Aim of the exercise:
Your task is to count the lines of the entries below that include the word "Barcode" and to give only the resulting number.

----

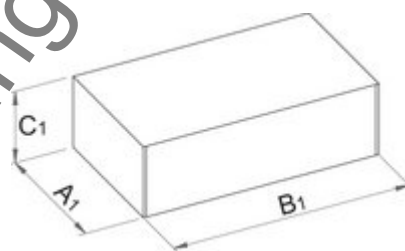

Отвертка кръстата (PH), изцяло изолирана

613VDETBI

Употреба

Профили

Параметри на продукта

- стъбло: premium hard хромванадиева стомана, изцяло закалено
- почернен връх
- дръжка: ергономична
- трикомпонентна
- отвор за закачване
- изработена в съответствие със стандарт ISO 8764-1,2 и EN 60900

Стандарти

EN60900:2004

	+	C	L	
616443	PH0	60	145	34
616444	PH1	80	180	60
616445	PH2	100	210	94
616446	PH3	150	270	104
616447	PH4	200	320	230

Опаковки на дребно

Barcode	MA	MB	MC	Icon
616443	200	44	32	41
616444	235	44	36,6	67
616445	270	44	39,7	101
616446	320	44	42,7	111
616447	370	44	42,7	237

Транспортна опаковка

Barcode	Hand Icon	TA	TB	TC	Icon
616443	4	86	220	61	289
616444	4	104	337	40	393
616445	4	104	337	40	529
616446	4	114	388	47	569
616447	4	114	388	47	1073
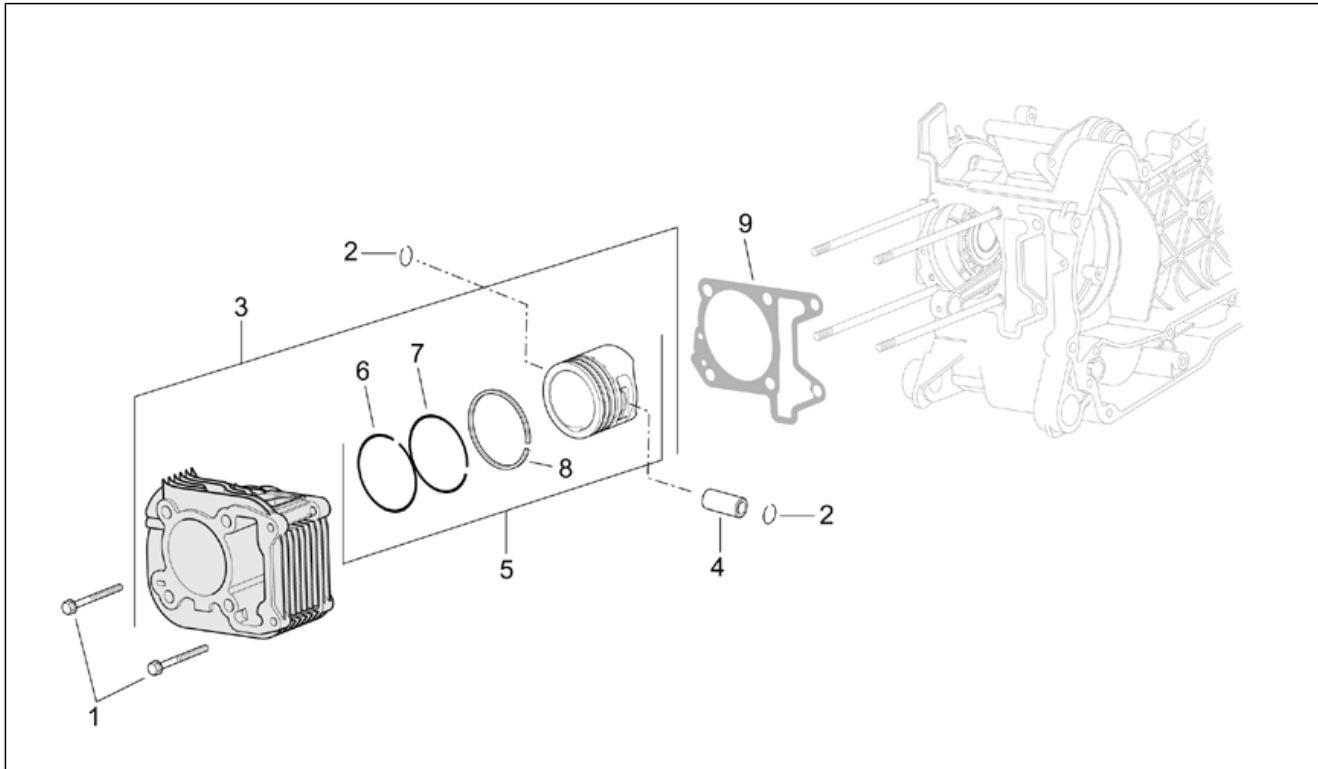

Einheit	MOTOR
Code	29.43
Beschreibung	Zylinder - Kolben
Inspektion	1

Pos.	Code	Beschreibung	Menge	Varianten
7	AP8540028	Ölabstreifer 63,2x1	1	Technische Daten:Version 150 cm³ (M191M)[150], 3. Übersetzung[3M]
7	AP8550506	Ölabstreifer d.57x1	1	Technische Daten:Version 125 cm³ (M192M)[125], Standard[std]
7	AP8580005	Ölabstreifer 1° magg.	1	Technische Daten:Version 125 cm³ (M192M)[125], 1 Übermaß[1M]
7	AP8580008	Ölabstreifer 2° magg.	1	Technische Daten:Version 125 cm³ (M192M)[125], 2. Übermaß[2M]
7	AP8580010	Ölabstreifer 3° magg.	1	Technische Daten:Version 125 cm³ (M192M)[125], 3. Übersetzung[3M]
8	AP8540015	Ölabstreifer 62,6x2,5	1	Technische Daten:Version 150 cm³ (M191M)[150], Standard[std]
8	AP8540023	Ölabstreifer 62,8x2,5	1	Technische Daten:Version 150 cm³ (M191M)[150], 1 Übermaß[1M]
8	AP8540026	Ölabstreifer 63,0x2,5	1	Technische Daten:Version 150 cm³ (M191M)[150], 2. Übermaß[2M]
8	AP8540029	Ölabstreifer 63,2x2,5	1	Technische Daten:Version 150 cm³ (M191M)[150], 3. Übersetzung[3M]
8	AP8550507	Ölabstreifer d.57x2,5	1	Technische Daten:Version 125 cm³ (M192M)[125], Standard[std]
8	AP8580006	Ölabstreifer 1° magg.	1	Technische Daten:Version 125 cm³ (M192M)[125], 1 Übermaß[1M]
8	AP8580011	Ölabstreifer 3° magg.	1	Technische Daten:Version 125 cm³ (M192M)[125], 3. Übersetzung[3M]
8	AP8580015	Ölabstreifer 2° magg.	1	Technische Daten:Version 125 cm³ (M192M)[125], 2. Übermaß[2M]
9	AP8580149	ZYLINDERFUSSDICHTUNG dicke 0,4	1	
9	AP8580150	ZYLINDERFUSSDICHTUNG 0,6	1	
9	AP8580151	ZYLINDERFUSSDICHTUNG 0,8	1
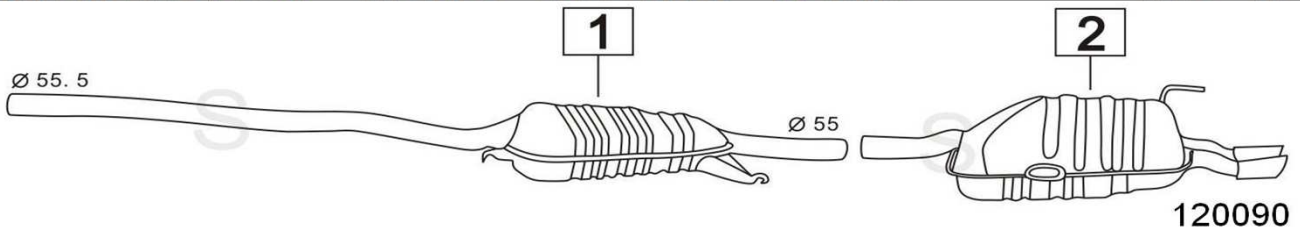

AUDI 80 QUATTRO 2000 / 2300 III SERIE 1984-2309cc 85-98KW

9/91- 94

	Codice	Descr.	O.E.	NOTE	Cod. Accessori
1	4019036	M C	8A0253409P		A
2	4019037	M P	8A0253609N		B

----

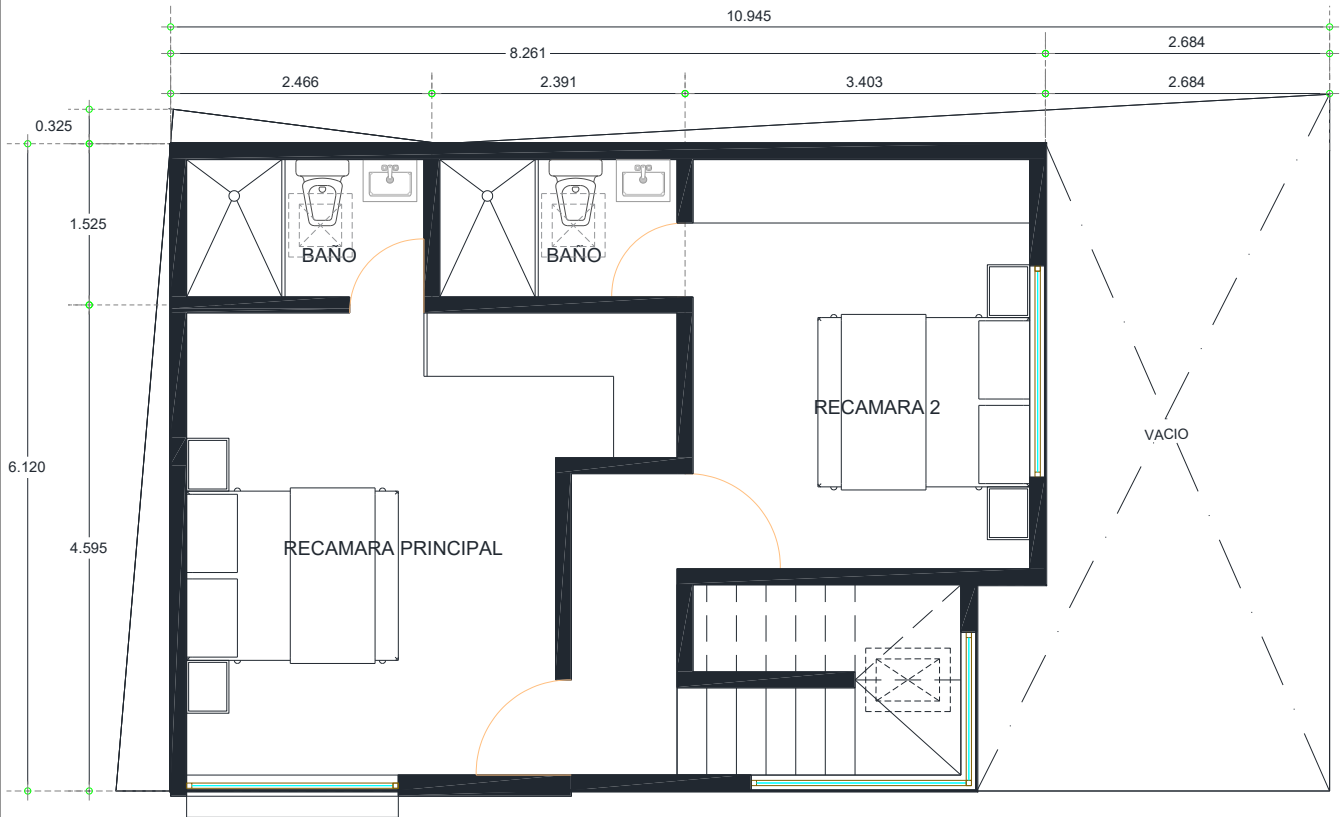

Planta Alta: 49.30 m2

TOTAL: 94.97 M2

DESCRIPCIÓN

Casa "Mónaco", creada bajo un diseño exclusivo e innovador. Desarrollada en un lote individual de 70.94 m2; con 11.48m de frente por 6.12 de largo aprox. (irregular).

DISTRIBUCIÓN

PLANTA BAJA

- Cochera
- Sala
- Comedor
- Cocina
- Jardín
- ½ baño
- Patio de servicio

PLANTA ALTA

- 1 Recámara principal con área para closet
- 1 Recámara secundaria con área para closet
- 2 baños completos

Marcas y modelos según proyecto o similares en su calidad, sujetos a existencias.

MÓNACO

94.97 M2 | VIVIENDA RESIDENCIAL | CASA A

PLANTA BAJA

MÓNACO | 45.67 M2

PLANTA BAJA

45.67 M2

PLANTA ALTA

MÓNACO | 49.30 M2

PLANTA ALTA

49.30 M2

----

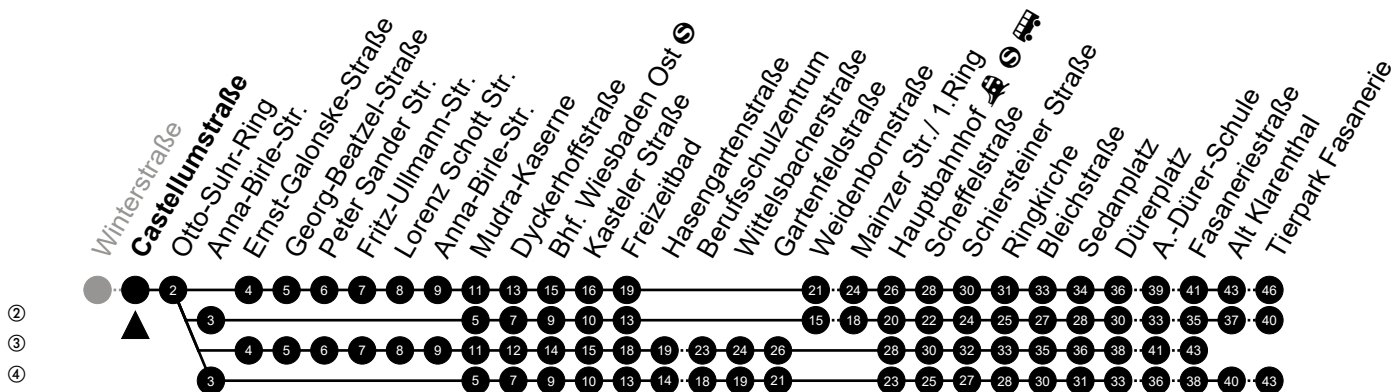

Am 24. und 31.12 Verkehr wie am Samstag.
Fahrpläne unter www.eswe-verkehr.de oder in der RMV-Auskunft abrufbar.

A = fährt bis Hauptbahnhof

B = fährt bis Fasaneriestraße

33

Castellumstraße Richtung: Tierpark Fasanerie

----

Result for this task:
2